Seeing the world through the Nurse's Eye

Tag: A&E

My new normal

I used to look out into a spacious waiting room with an enclosed Chihuly art piece tucked in the corner. At times it was bursting with ill children waiting to be seen, all under my supervision. I would run through my head, recalibrating who was sickest, who was in need of analgesia, or who needed a new set of vital signs. I had the independence to administer medication without a second check since it was all computerized. My old world, one which is fading now. The current waiting room, or closet thing to it here, is a skinny white tent with a queue of patients waiting to be seen. At times the line extends into the parking lot.

I have learned (or learnt) to be a nurse in a new capacity. Fellow international nurses say you take a step down from the autonomy you held back home, but I think of it more as a side step. I am no longer wearing a stethoscope every day, nor do I know the results of all my patients, but in exchange I get to talk to them and learn their stories. By taking that side step I am able to look around and observe the difference in health care

Is care better?

In the Emergency Department (A&E) care is more efficient. Is efficiency better? The fact is eighty percent of patients get their disposition in less than four hours. Almost every patient with an acute complaint (ESI 3 or higher) will get an IV (cannula), labs (bloods) including a venous blood gas, EKG (ECG), and a COVID swab on arrival. An hour later with lab results in hand (the doctor’s not mine) you know whether the chest pain needs a cardiology consult, additional work up and admission.

A venous gas result is ready in less than two minutes and very helpful in diagnosing a septic patient or a patient with diabetes ketoacidosis

Most patients admission is to the Emergency Medical Assessment Unit EMAU. This is where further evaluation is completed. Such as CT scans, heart rate control, or potassium replacement. EMAU provides care up to a progressive care unit (PCU) level. If the work up extends past a 24 hour period the patient will then move to a specialized ward. General practitioner (GP aka PCP) also directly admit to EMAU bypassing the A&E all together. 

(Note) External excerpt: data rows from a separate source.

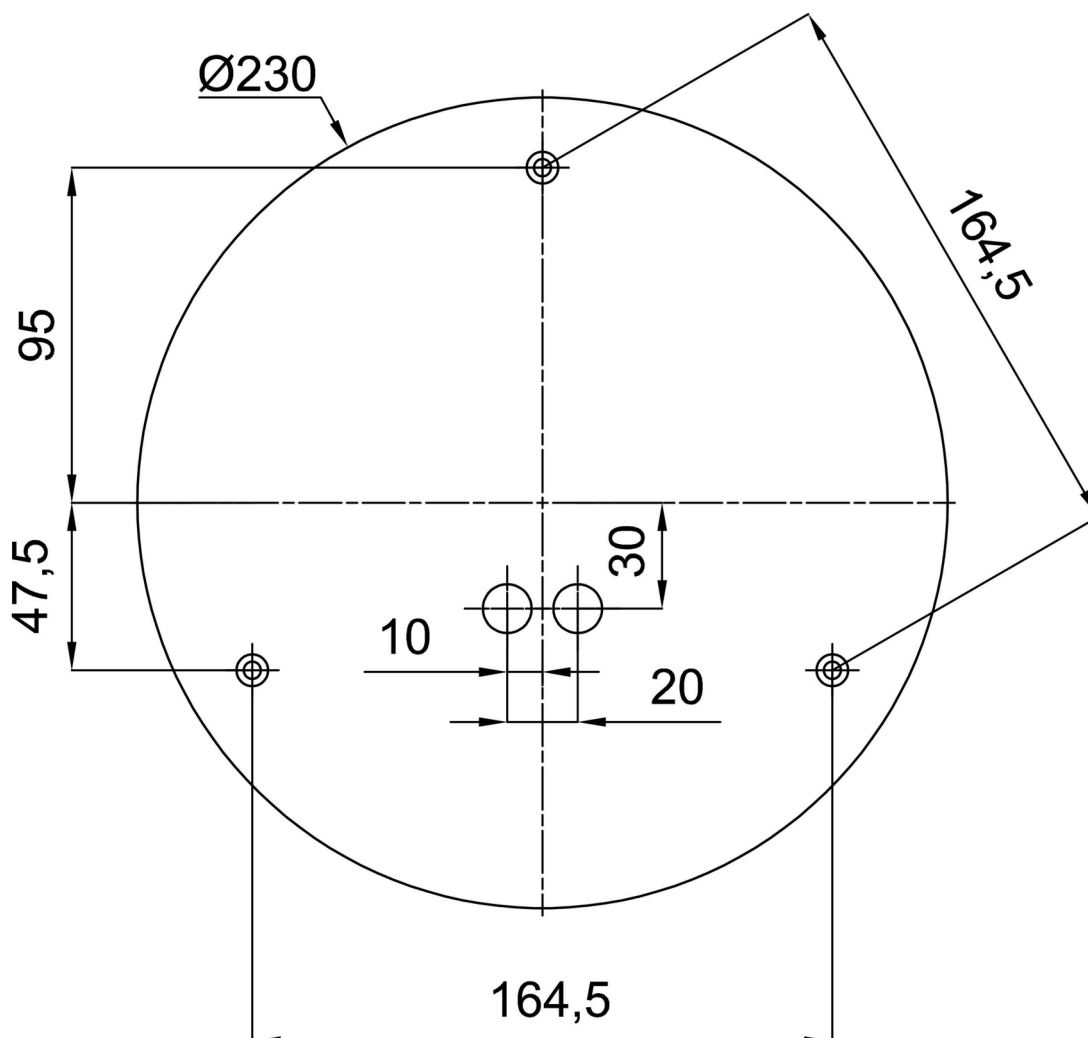

TECHNICKÝ LIST

Eulum data pro výpočtové programy jsou k dispozici na
www.osmont.cz.

Logistické

EAN	8591728062842
Hmotnost NTTO	7.1 Kg
Hmotnost BTTO	8.9 Kg
Počet kartonů	2 ks
Objem balení	0.157 m³
Balení 1 šířka	0.52 m
Balení 1 délka	0.52 m
Balení 1 výška	0.53 m
Záruka*	60 měsíců

*U akumulátorů je poskytována záruka v délce 12 měsíců od data
prodeje.

Montážní rozměry:

A typical patient in our A&E is a little old man curled with age and his tweed cap faithfully at his side. The one in my head arrived via ambulance with “long lie” due to being “off legs.” In other words he was found on the floor after an extended period of time by his carer. due to leg weakness. He took the time to read my name badge and it struck a chord in me. Reminding me of the value of being called by your name.  He received the work up previously mentioned but even with his complex history everything came back normal. In these situations we arrange an In Reach evaluation.

The In Reach Team

In Reach is team at the hospital that evaluates the patient and their needs to be able to stay at home. The assessment includes checking mobility, family support, and overall safety of living conditions. The team provides the patient with appropriate assistive devices, arranges for district nurse visits or meals on wheels.

No More Pelvic Exams

Diagnostic studies must be justified. Even a head computed tomography (CT) scan must be accompanied by altered level of conscience or blunt head trauma with persistent vomiting. Elevated inflammatory markers is the only way to land an abdominal ultrasound. And even at that, it will be scheduled for the following morning, not in the A&E. If you suspect acute appendicitis the patient goes directly to the operating room/theatres.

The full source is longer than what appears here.